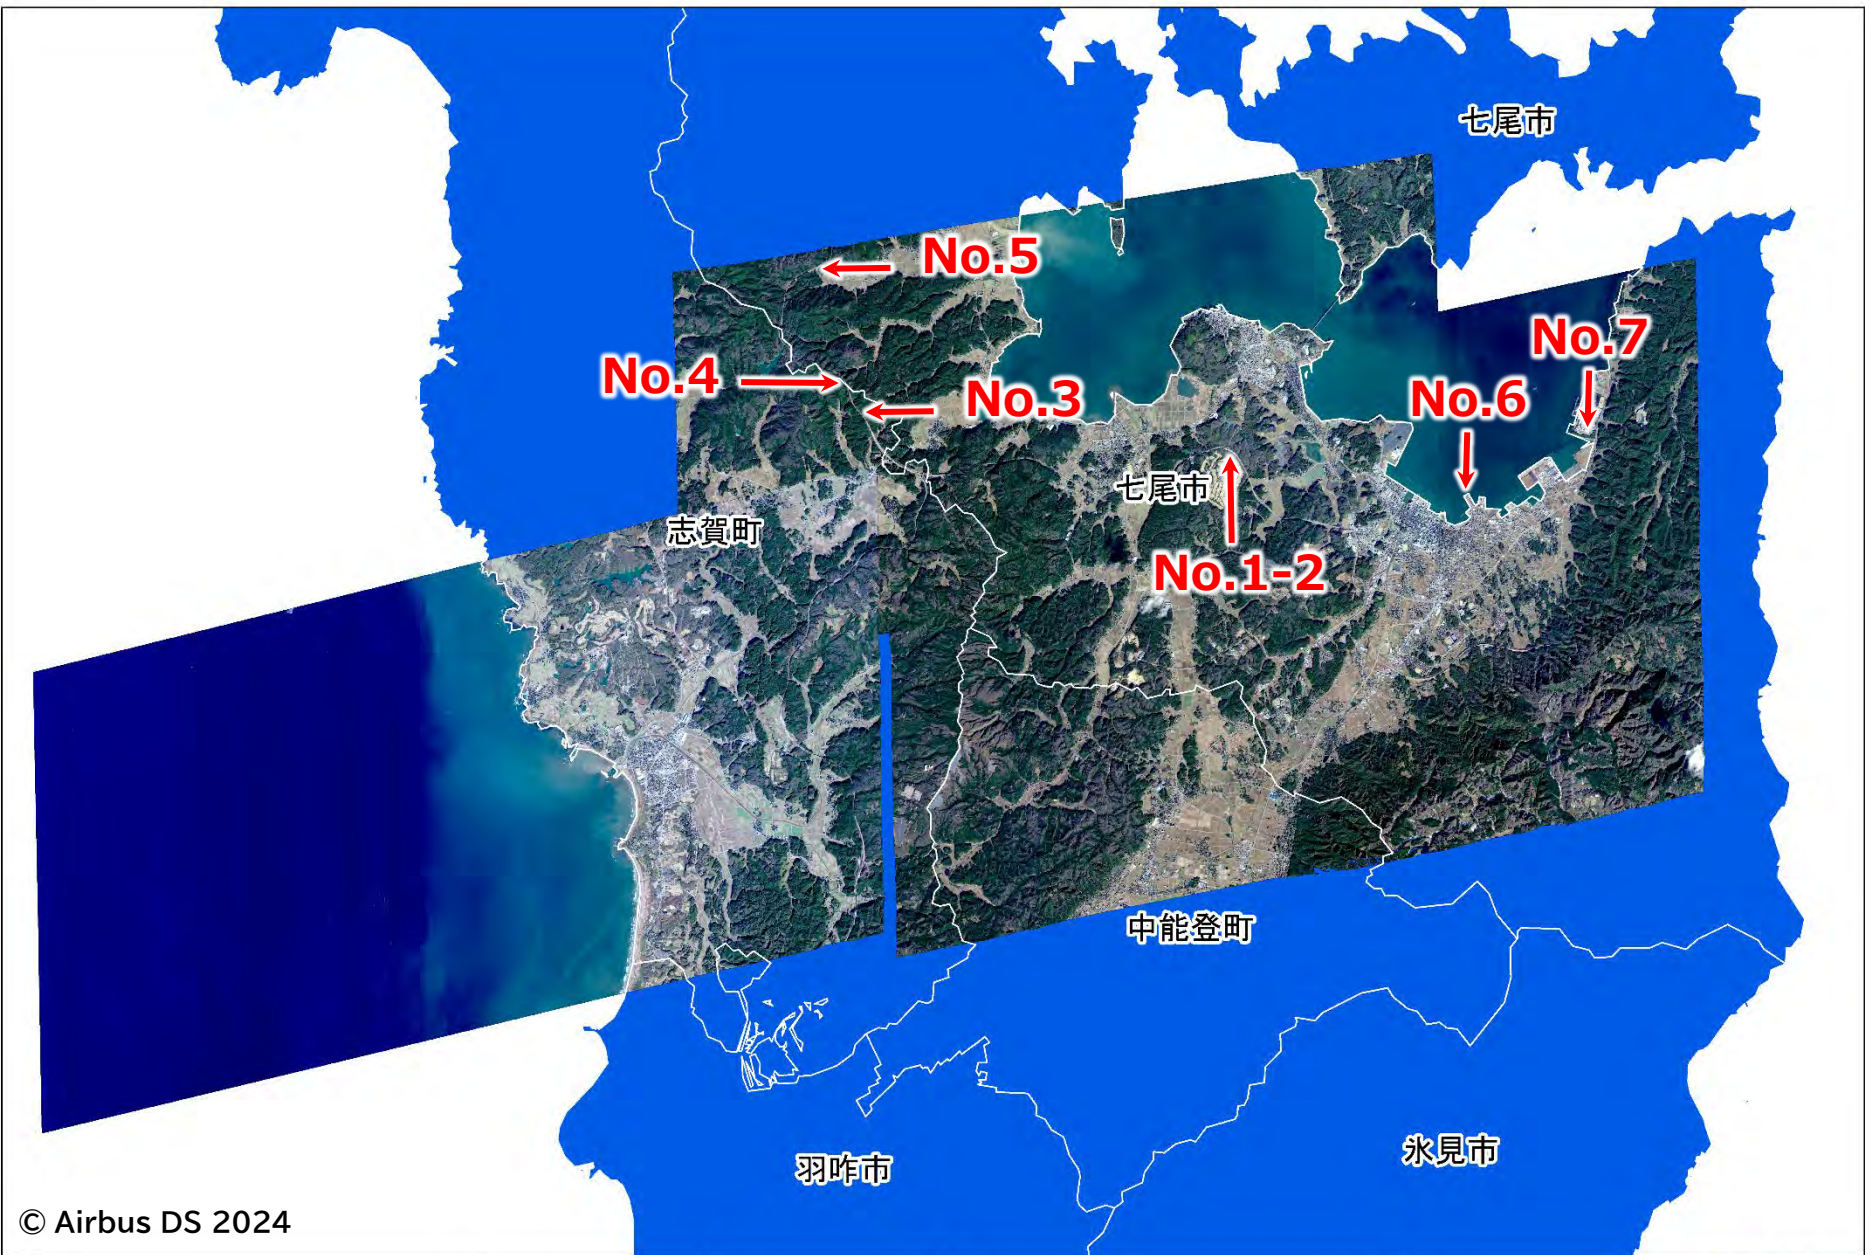

# Pleiades NEO衛星画像 2024年1月2日10時49分撮影

© Airbus DS 2024

七尾市 奥原町

七尾田鶴浜バイパス

七尾市 新保町

七尾市 奥原町

七尾田鶴浜バイパス

七尾市 新保町

© Airbus DS 2024

0 50 100 m

© Airbus DS 2024

七尾市 中嶋町笠師

能越自動車道

志賀町 矢田

© Airbus DS 2024

能越自動車道

七尾市 中島町豊田

© Airbus DS 2024

0 50 100 m

七尾港

© Airbus DS 2024

0 50 100 m

大田火力発電所

© Airbus DS 2024

0 50 100 m
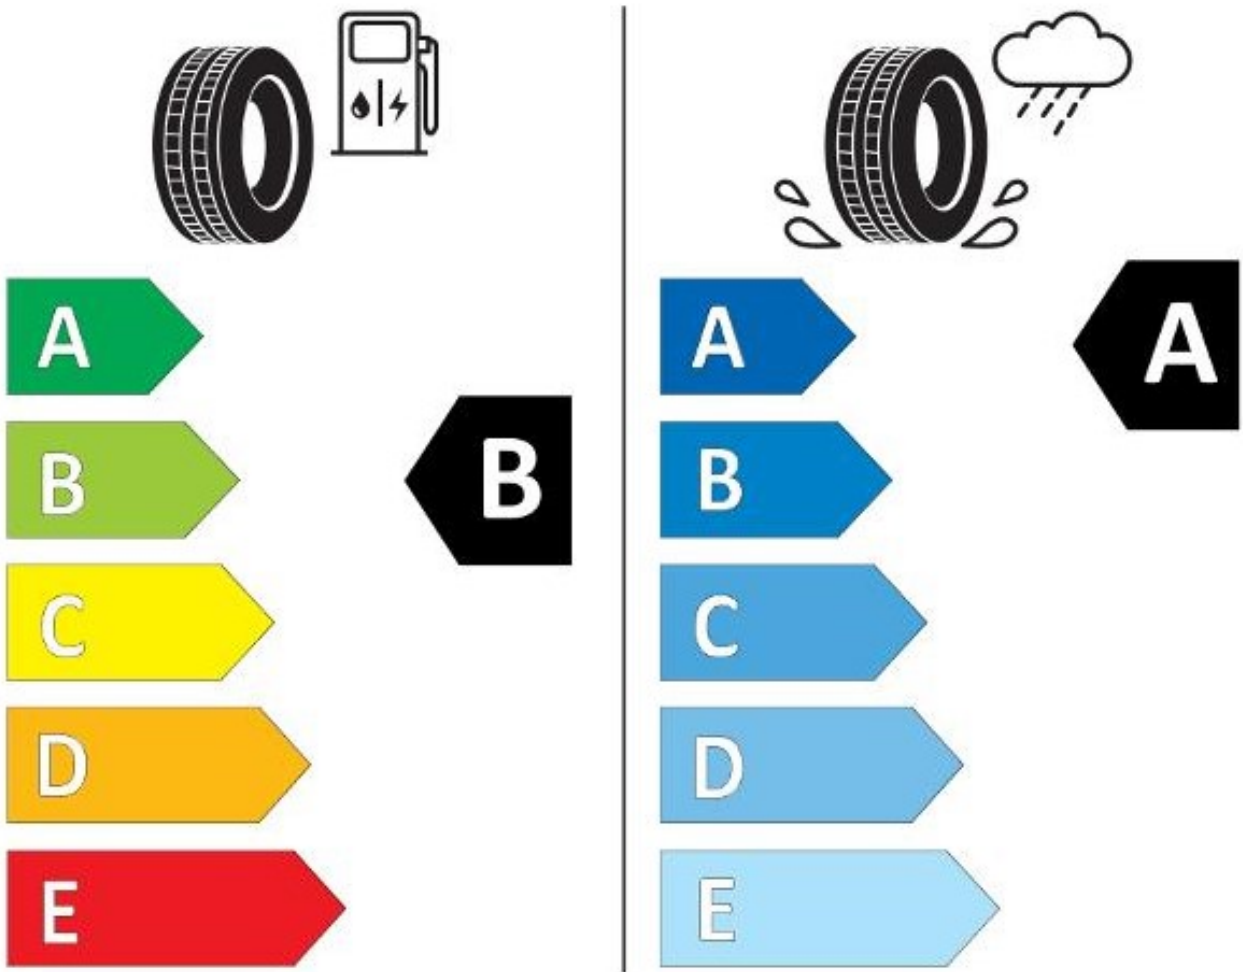

ENERG

MICHELIN

643544

205/55R17 95 V XL

C1

2020/740
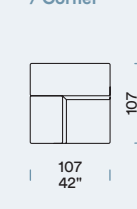

POLTRONA E DIVANO
Fauteuil et Canapé / Fauteuil en Zitbank / Armchair and Sofa

POUF
Pouf / Poef / Pouf

ELEMENTI LATERALI
Bâtarde gauches [SX] / Zijstukken links [SX] / Side units, left [SX]

CHAISE LONGUE SINISTRA
Ch. Longue gauche / Longchair links / Ch. Longue, left

CENTRALE
Chauffeuses / Centraal / Central units

ELEMENTI LATERALI CON RELAX
Bâtarde gauches [SX] avec Relax / Zijstukken links [SX] met Relax / Side units, left [SX] with Relax

CENTRALE CON RELAX
Chauffeuses avec Relax / Centraal met Relax / Central units with Relax

ANGOLO
Angle / Hoeelement / Corner

ANGOLO TERMINALE DESTRO
Angle terminal droite / Hoek eindstuk rechts / Corner end unit, right
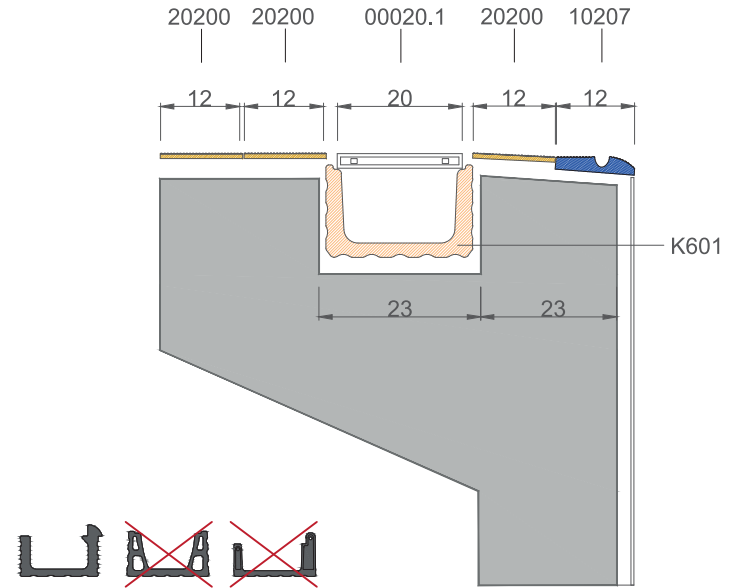

SAVAK KANALLARI - 1

WEIR CHANNELS - 1

	K601 (22.5x25 cm) Savak Kanalı - 1 (Açık Mavi) Weir Channel - 1 (Light Blue)	
	K621 (22.5x25 cm) Savak Kanalı - 1 Delikli (Açık Mavi) Weir Channel - 1 With Outlet (Light Blue)	
	K631 (22.5x22.5 cm) Savak Kanalı - 1 İç Köşe (Açık Mavi) Weir Channel - 1 Internal Corner (Light Blue)	
	K651 (22.5x12.5 cm) Savak Kanalı - 1 Yarım Parça (Açık Mavi) Weir Channel - 1 Half Piece (Light Blue)	
	K661 (22.5x12.5 cm) Savak Kanalı - 1 Yarım Parça Delikli (Açık Mavi) Weir Channel - 1 Half Piece With Outlet (Light Blue)	

ÜSTTEN TAŞMA DETAY / TOP OVERFLOW DETAILS

- Üstten taşmalı havuzlarda kullanım imkanı
- Havuzlardan taşan suların sağlıklı bir şekilde tahliyesi için özel olarak yapılmış tasarım
- %100 porselen yapısı sayesinde düşük su emme oranı ve bakteri oluşumu engeli
- Donmaya ve iklimsel şartlara karşı yüksek dayanım
- Tek parça olması sayesinde köşe birleşim noktalarında su izolasyonu avantajı
- Döşeme kolaylığı ve zaman tasarrufu
- Geliştirilmiş özenli detaylar ve estetik çözümler
- Daha az derz kullanımı sayesinde daha yüksek hijyen

- Possibility of use in top overflow pools
- Specially made design for the healthy discharge of overflowing water from the pools
- Low water absorption rate and bacteria formation barrier thanks to its 100% porcelain structure
- High resistance to freezing and climatic conditions
- Advantage of waterproofing at corner joints thanks to being one piece
- Ease of laying and time saving
- Improved meticulous details and aesthetic solutions
- Higher hygiene due to fewer groutings
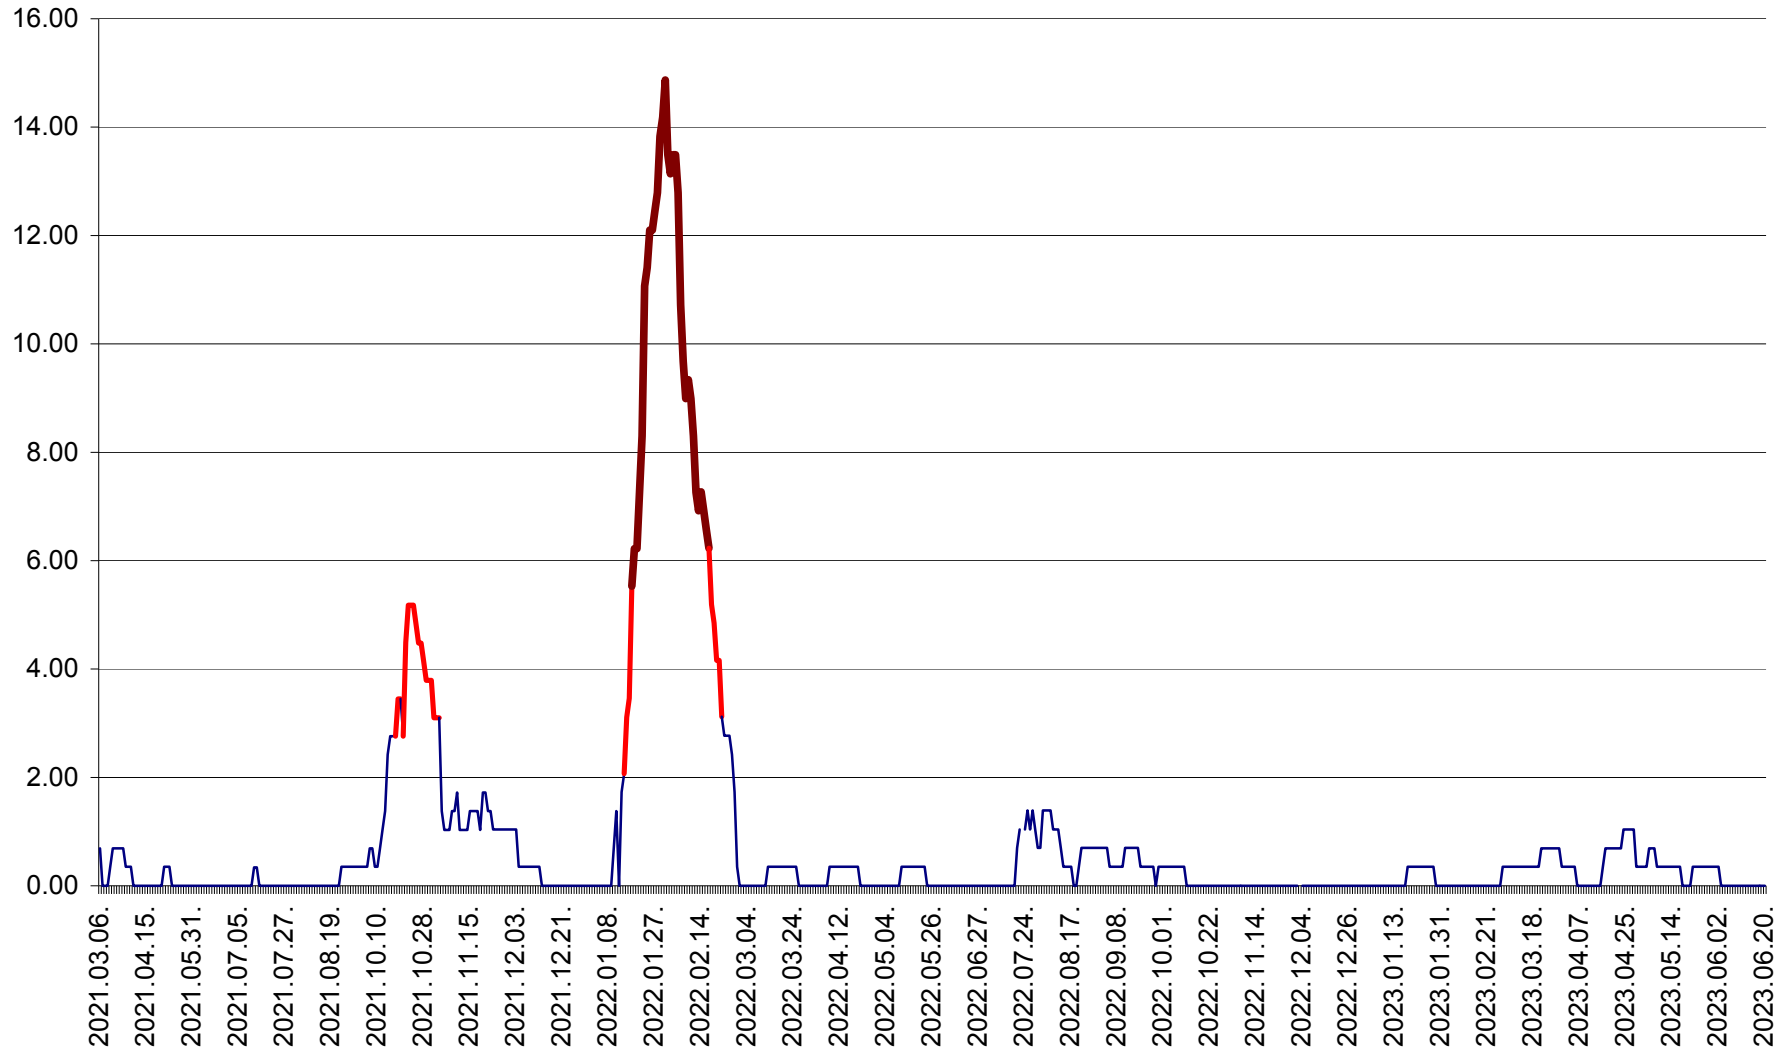

ORAȘ BĂLAN - Evoluția incidentei cumulate pe 14 zile la ‰ de locuitori
2021.03.07. - 2023.06.20.

BILBOR - Evolutia incidentei cumulate pe 14 zile la ‰ de locuitori
2021.03.07. - 2023.06.20.

ORAȘ BORSEC - Evolutia incidentei cumulate pe 14 zile la ‰ de locuitori
2021.03.07. - 2023.06.20.

BRĂDEȘTI - Evoluția incidenței cumulate pe 14 zile la ‰ de locuitori
2021.03.07. - 2023.06.20.

CĂPÂLNIȚA - Evoluția incidenței cumulate pe 14 zile la ‰ de locuitori
2021.03.07. - 2023.06.20.

CÂRȚA - Evolutia incidentei cumulate pe 14 zile la ‰ de locuitori
2021.03.07. - 2023.06.20.

CICEU - Evolutia incidentei cumulate pe 14 zile la ‰ de locuitori
2021.03.07. - 2023.06.20.

CIUCSÂNGEORGIU - Evolutia incidentei cumulate pe 14 zile la ‰ de locuitori
2021.03.07. - 2023.06.20.

CIUMANI - Evolutia incidentei cumulate pe 14 zile la ‰ de locuitori
2021.03.07. - 2023.06.20.

CORBU - Evolutia incidentei cumulate pe 14 zile la ‰ de locuitori
2021.03.07. - 2023.06.20.

CORUND - Evolutia incidentei cumulate pe 14 zile la ‰ de locuitori
2021.03.07. - 2023.06.20.

COZMENI - Evolutia incidentei cumulate pe 14 zile la ‰ de locuitori
2021.03.07. - 2023.06.20.

# # # # # # #

**WORK TASK**
Omit the pictures, then output the rest of the listing exactly.

**REPLY TO THE EXERCISE**
# Pleiades NEO衛星画像 2024年1月2日10時49分撮影

© Airbus DS 2024

七尾市 奥原町

七尾田鶴浜バイパス

七尾市 新保町

七尾市 奥原町

七尾田鶴浜バイパス

七尾市 新保町

© Airbus DS 2024

0 50 100 m

© Airbus DS 2024

七尾市 中嶋町笠師

能越自動車道

志賀町 矢田

© Airbus DS 2024

能越自動車道

七尾市 中島町豊田

© Airbus DS 2024

0 50 100 m

七尾港

© Airbus DS 2024

0 50 100 m

大田火力発電所

© Airbus DS 2024

0 50 100 m

ENERG

MICHELIN

643544

205/55R17 95 V XL

C1

2020/740

POLTRONA E DIVANO
Fauteuil et Canapé / Fauteuil en Zitbank / Armchair and Sofa

POUF
Pouf / Poef / Pouf

ELEMENTI LATERALI
Bâtarde gauches [SX] / Zijstukken links [SX] / Side units, left [SX]

CHAISE LONGUE SINISTRA
Ch. Longue gauche / Longchair links / Ch. Longue, left

CENTRALE
Chauffeuses / Centraal / Central units

ELEMENTI LATERALI CON RELAX
Bâtarde gauches [SX] avec Relax / Zijstukken links [SX] met Relax / Side units, left [SX] with Relax

CENTRALE CON RELAX
Chauffeuses avec Relax / Centraal met Relax / Central units with Relax

ANGOLO
Angle / Hoeelement / Corner

ANGOLO TERMINALE DESTRO
Angle terminal droite / Hoek eindstuk rechts / Corner end unit, right

SAVAK KANALLARI - 1

WEIR CHANNELS - 1

	K601 (22.5x25 cm) Savak Kanalı - 1 (Açık Mavi) Weir Channel - 1 (Light Blue)	
	K621 (22.5x25 cm) Savak Kanalı - 1 Delikli (Açık Mavi) Weir Channel - 1 With Outlet (Light Blue)	
	K631 (22.5x22.5 cm) Savak Kanalı - 1 İç Köşe (Açık Mavi) Weir Channel - 1 Internal Corner (Light Blue)	
	K651 (22.5x12.5 cm) Savak Kanalı - 1 Yarım Parça (Açık Mavi) Weir Channel - 1 Half Piece (Light Blue)	
	K661 (22.5x12.5 cm) Savak Kanalı - 1 Yarım Parça Delikli (Açık Mavi) Weir Channel - 1 Half Piece With Outlet (Light Blue)	

ÜSTTEN TAŞMA DETAY / TOP OVERFLOW DETAILS

- Üstten taşmalı havuzlarda kullanım imkanı
- Havuzlardan taşan suların sağlıklı bir şekilde tahliyesi için özel olarak yapılmış tasarım
- %100 porselen yapısı sayesinde düşük su emme oranı ve bakteri oluşumu engeli
- Donmaya ve iklimsel şartlara karşı yüksek dayanım
- Tek parça olması sayesinde köşe birleşim noktalarında su izolasyonu avantajı
- Döşeme kolaylığı ve zaman tasarrufu
- Geliştirilmiş özenli detaylar ve estetik çözümler
- Daha az derz kullanımı sayesinde daha yüksek hijyen

- Possibility of use in top overflow pools
- Specially made design for the healthy discharge of overflowing water from the pools
- Low water absorption rate and bacteria formation barrier thanks to its 100% porcelain structure
- High resistance to freezing and climatic conditions
- Advantage of waterproofing at corner joints thanks to being one piece
- Ease of laying and time saving
- Improved meticulous details and aesthetic solutions
- Higher hygiene due to fewer groutings

ORAȘ BĂLAN - Evoluția incidentei cumulate pe 14 zile la ‰ de locuitori
2021.03.07. - 2023.06.20.

BILBOR - Evolutia incidentei cumulate pe 14 zile la ‰ de locuitori
2021.03.07. - 2023.06.20.

ORAȘ BORSEC - Evolutia incidentei cumulate pe 14 zile la ‰ de locuitori
2021.03.07. - 2023.06.20.

BRĂDEȘTI - Evoluția incidenței cumulate pe 14 zile la ‰ de locuitori
2021.03.07. - 2023.06.20.

CĂPÂLNIȚA - Evoluția incidenței cumulate pe 14 zile la ‰ de locuitori
2021.03.07. - 2023.06.20.

CÂRȚA - Evolutia incidentei cumulate pe 14 zile la ‰ de locuitori
2021.03.07. - 2023.06.20.

CICEU - Evolutia incidentei cumulate pe 14 zile la ‰ de locuitori
2021.03.07. - 2023.06.20.

CIUCSÂNGEORGIU - Evolutia incidentei cumulate pe 14 zile la ‰ de locuitori
2021.03.07. - 2023.06.20.

CIUMANI - Evolutia incidentei cumulate pe 14 zile la ‰ de locuitori
2021.03.07. - 2023.06.20.

CORBU - Evolutia incidentei cumulate pe 14 zile la ‰ de locuitori
2021.03.07. - 2023.06.20.

CORUND - Evolutia incidentei cumulate pe 14 zile la ‰ de locuitori
2021.03.07. - 2023.06.20.

COZMENI - Evolutia incidentei cumulate pe 14 zile la ‰ de locuitori
2021.03.07. - 2023.06.20.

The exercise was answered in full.